À l'initiative de son rapporteur, la commission des lois a donc réécrit l'article 18 pour le rendre plus opérationnel (amendement COM-14).

À titre expérimental et pour une durée de cinq ans à compter de la promulgation de la loi, les personnes résidant hors de France pourraient recourir à des dispositifs de visioconférence, l'acte authentique étant établi à distance par un notaire français. Les clients seraient réputés avoir comparu « physiquement » devant le notaire, afin de réunir les solennités requises pour authentifier l'acte.

En conséquence, les non-résidents n'auraient plus besoin de se rendre dans une ambassade ou un consulat pour établir un acte authentique et pourraient recourir à la visioconférence depuis tout lieu, dans des conditions sécurisées précisées par décret en Conseil d'État.

Interrogé par le rapporteur, le Conseil supérieur du notariat a soutenu cette initiative.

La commission a adopté l'article 18
de la proposition de loi ainsi modifié.


* 55 Contrairement aux actes sous seing privé, les actes authentiques nécessitent la présence d'un officier public (notaire le plus souvent) et la comparution personnelle des intéressés pour garantir l'authenticité du document (article 1369 du code civil).

* 56 Article 2 du décret n° 91-152 du 7 février 1991 relatif aux attributions notariales des agents diplomatiques et consulaires.

* 57 Article 8 du décret n° 71-942 du 26 novembre 1971 relatif aux créations, transferts et suppressions d'office de notaire, à la compétence d'instrumentation et à la résidence des notaires, à la garde et à la transmission des minutes et registres professionnels des notaires. 

* 58 Loi relative à l'exercice des attributions notariales dans les postes diplomatiques et consulaires.

* 59 Loi n° 2011-331 du 28 mars 2011 de modernisation des professions judiciaires et juridiques et certaines professions règlementées.

* 60 « À la demande de l'intéressé, les agents diplomatiques et consulaires peuvent faire appel à un notaire pour l'exercice de leurs pouvoirs notariaux.
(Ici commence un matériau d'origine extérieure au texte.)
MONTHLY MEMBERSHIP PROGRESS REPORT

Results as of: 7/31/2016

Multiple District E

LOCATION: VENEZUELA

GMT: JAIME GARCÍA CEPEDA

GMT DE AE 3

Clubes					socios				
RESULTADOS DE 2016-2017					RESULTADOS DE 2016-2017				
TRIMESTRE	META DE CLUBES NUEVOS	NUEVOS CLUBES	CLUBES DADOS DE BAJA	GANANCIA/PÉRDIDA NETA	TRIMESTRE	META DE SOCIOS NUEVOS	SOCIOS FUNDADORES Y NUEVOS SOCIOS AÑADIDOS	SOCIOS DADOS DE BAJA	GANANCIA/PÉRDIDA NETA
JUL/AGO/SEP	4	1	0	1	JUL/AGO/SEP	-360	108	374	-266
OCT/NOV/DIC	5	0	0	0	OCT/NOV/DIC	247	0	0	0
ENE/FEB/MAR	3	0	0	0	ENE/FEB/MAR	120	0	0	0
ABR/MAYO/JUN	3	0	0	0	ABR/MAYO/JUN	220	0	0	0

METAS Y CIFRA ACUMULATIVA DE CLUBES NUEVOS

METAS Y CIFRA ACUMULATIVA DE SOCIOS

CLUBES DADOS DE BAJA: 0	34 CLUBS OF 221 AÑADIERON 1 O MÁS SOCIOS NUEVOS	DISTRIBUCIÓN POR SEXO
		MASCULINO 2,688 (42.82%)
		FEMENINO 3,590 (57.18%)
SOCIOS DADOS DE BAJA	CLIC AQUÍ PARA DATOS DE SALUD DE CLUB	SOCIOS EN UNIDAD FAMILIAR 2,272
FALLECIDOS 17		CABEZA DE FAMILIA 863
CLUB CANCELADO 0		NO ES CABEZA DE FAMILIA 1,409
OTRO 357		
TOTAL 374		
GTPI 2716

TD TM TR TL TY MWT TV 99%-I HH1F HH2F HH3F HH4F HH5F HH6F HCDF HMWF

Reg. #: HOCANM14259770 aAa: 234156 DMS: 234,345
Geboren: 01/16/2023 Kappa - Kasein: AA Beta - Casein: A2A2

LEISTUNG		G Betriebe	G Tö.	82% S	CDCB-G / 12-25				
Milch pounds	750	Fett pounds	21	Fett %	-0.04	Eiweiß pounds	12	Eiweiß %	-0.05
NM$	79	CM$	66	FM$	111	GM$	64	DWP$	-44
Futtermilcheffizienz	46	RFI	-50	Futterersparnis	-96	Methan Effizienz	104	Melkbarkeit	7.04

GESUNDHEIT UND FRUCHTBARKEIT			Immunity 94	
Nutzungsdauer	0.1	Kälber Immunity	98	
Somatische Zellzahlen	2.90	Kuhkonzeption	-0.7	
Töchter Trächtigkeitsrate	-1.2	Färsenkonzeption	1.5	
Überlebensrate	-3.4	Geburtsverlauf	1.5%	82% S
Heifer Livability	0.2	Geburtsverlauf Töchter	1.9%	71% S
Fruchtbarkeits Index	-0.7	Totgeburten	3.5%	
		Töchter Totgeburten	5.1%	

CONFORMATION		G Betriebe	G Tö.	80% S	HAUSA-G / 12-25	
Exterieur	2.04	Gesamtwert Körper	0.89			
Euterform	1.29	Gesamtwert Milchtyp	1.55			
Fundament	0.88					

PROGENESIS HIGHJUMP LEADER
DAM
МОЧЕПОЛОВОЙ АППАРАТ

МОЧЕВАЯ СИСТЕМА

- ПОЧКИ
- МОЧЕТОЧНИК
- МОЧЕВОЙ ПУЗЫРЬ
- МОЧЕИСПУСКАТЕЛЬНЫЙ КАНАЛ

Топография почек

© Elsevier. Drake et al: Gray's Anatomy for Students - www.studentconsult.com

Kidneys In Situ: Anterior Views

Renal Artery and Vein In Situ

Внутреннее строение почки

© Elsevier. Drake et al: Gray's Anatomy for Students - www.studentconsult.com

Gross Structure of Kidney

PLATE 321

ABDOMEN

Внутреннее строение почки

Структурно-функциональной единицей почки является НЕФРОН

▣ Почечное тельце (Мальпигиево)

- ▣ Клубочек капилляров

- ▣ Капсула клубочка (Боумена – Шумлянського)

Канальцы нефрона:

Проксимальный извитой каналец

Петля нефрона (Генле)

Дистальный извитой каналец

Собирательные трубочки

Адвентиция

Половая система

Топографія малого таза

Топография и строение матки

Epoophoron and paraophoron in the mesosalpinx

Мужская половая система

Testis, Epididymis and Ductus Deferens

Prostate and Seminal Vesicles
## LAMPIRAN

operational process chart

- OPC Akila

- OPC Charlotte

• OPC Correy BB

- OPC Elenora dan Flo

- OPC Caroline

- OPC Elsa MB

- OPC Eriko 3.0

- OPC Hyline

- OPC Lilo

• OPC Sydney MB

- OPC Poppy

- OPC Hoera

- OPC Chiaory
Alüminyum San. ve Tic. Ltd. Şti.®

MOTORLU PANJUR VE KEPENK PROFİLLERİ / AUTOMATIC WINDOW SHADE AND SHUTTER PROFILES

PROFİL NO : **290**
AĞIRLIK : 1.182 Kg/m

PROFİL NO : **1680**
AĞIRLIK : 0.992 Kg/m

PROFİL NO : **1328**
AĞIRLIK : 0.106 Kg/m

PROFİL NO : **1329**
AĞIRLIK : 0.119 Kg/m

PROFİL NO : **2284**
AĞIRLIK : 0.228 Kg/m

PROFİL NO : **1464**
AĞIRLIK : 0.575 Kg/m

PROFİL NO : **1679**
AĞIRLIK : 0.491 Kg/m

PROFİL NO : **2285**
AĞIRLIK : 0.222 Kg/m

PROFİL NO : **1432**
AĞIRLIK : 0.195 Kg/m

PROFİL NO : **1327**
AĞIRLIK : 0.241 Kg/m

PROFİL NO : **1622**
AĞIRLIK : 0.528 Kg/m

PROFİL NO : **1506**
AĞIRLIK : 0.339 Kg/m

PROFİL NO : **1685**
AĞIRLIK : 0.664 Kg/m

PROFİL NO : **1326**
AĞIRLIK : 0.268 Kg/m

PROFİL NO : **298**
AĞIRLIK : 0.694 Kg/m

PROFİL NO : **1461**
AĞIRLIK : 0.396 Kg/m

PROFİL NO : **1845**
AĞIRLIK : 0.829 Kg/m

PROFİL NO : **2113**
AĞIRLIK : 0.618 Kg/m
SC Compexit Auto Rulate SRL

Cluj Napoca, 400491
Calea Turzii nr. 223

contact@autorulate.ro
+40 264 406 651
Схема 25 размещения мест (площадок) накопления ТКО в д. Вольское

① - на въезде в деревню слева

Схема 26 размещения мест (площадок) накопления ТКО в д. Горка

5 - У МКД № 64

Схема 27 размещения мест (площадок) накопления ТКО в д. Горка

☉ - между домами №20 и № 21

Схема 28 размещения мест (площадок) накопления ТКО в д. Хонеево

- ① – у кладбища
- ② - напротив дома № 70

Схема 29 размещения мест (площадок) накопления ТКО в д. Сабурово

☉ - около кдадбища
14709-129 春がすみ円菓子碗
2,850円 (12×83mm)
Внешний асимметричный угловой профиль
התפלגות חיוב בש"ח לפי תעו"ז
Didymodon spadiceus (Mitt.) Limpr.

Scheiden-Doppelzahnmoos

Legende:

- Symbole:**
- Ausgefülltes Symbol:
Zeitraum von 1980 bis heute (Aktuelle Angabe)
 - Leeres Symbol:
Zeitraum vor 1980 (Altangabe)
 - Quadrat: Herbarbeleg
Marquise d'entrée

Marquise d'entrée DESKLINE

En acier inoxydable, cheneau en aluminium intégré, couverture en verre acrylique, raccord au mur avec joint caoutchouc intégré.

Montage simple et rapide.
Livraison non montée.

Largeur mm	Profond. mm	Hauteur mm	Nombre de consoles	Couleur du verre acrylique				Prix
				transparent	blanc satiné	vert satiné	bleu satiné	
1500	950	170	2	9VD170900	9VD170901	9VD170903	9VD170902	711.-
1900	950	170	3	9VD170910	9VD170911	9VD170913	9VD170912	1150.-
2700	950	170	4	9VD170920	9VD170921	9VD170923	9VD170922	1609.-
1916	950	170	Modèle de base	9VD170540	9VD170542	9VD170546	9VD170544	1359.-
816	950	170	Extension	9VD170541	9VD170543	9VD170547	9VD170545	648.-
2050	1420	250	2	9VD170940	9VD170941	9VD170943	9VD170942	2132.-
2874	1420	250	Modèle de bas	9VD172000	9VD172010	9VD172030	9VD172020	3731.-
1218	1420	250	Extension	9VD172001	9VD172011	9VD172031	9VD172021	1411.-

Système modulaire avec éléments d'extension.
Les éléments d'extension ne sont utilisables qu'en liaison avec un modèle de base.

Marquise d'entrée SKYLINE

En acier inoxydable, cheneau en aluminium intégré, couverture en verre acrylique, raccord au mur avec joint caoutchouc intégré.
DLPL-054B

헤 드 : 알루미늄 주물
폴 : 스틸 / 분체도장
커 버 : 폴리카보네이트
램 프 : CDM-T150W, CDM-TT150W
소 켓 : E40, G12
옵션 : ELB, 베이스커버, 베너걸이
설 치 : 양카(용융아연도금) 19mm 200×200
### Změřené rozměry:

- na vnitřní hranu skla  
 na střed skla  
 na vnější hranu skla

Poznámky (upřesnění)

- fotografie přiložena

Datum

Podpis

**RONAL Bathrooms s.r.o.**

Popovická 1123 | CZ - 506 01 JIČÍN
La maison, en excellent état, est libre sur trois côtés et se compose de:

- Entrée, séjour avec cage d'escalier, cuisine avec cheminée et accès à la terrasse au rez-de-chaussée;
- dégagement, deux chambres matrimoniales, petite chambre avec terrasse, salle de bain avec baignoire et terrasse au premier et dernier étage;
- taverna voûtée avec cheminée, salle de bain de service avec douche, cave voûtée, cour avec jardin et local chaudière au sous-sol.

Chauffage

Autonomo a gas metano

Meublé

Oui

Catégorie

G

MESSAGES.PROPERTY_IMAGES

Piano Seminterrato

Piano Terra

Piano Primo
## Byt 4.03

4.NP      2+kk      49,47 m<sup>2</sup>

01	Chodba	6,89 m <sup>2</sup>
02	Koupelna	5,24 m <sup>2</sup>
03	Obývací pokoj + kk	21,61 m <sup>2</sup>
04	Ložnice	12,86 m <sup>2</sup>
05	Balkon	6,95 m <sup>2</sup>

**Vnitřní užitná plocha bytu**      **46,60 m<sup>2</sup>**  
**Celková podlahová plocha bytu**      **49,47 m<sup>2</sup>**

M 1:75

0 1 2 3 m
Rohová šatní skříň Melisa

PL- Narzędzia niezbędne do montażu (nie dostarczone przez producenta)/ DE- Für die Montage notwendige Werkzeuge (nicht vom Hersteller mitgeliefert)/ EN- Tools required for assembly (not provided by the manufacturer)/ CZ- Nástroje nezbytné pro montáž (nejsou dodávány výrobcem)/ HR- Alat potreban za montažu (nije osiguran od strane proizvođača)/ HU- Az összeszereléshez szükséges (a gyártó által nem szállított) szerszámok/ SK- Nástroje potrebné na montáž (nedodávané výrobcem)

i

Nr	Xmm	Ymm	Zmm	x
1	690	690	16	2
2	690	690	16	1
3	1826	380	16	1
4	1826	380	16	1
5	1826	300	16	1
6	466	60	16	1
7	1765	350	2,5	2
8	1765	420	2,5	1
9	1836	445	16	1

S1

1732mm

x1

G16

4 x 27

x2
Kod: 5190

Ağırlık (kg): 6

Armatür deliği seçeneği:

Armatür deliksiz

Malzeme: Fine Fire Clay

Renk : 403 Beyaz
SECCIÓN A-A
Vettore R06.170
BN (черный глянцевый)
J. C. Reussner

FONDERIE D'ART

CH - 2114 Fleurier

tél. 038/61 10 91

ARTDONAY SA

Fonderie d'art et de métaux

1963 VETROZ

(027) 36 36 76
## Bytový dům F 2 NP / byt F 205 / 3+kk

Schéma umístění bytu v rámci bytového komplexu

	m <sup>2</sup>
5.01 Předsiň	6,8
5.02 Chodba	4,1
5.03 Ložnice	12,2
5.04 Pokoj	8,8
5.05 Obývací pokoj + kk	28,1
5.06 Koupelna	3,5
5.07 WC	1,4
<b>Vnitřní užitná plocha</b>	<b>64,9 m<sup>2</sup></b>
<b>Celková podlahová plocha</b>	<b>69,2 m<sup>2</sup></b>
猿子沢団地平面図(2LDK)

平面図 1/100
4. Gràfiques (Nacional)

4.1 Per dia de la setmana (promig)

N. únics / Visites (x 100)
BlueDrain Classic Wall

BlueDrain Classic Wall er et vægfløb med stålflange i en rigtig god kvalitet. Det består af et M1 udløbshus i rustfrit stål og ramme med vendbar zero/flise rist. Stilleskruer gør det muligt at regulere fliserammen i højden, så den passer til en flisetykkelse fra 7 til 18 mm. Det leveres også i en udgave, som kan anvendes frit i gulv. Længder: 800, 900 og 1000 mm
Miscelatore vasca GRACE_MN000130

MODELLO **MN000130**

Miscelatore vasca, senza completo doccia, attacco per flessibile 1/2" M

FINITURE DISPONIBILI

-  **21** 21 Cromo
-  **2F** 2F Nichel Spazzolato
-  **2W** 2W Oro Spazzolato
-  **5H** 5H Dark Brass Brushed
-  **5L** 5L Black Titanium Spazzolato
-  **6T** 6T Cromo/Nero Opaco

Un décret en Conseil d'État précise les modalités de rémunération du notaire par l'intéressé ».

* 61 Décret n° 81-778 du 13 août 1981 fixant le tarif des droits à percevoir dans les chancelleries diplomatiques et consulaires et, en territoire français, par le ministère des relations extérieures. 

* 62 Rapport n° 131 (2010-2011) fait par Laurent Béteille sur le projet de loi de modernisation des professions judiciaires et juridiques et certaines professions règlementées.

* 63 L'évolution des missions et de l'organisation des consulats français à l'étranger, septembre 2013, rapport communiqué à la commission des finances de l'Assemblée nationale.

* 64 Décret n° 2017-1547 du 8 novembre 2017 relatif aux attributions notariales des agents diplomatiques et consulaires.

* 65 Arrêté du 18 décembre 2017 fixant la liste des postes diplomatiques et consulaires dans lesquels sont exercées des attributions notariales.

* 66 Réponse à la question orale de Fabienne Blineau, Laurent Rigaud et Hervé Serol, membres de l'Assemblée des Français de l'étranger, session de mars 2019.

* 67 Article 17 du décret n° 71-941 du 26 novembre 1971 relatif aux actes établis par les notaires.

* 68 Le tarif de cette contribution serait fixé par un arrêté conjoint du ministre chargé des affaires étrangères et du ministre de la justice.

* 69 Ce dispositif entrerait en vigueur au 1er janvier 2021, pour laisser aux postes diplomatiques et consulaires le temps d'acquérir et d'installer le matériel nécessaire.